#### What to produce
Which of the lines below hold "page"? Please return each one.

[Opening Material supplied section]

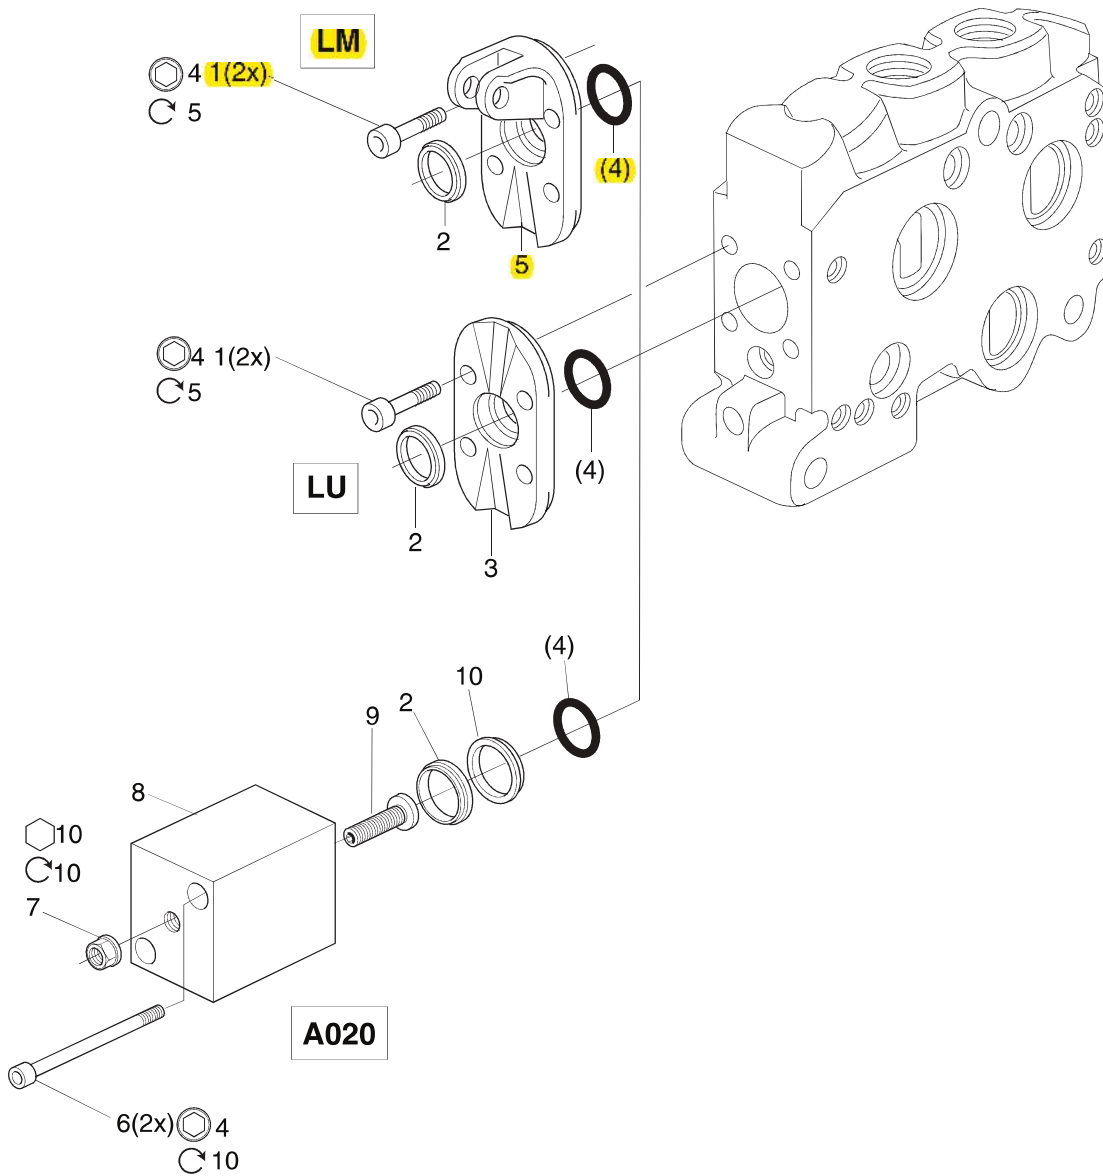

See Customer Specification				
Code	Pos	Part	Description	Remarks / Items
LM	51	393000K241	Lever bracket	1(2x), 5 [2], 4 (4 see page 20 and 22)
LU	51	393000K242	Cover	1(2x), 3 [2], 4 (4 see page 20 and 22)
A020	59	-	Stroke limiting kit ACE, ACP	See page 22, 23
	-	393000K807	Spool seal kit	2, 4(2x) (4 see page 20 and 22)

LM, LU, A020

C, B3, FD, A008

ACE, ACP, A020, A044

a) Castrol Entrepreneur Grease
 b) Molycote BR2

[Closing Material supplied section]

#### Exercise result
LM	51	393000K241	Lever bracket	1(2x), 5 [2], 4 (4 see page 20 and 22)
LU	51	393000K242	Cover	1(2x), 3 [2], 4 (4 see page 20 and 22)
A020	59	-	Stroke limiting kit ACE, ACP	See page 22, 23
	-	393000K807	Spool seal kit	2, 4(2x) (4 see page 20 and 22)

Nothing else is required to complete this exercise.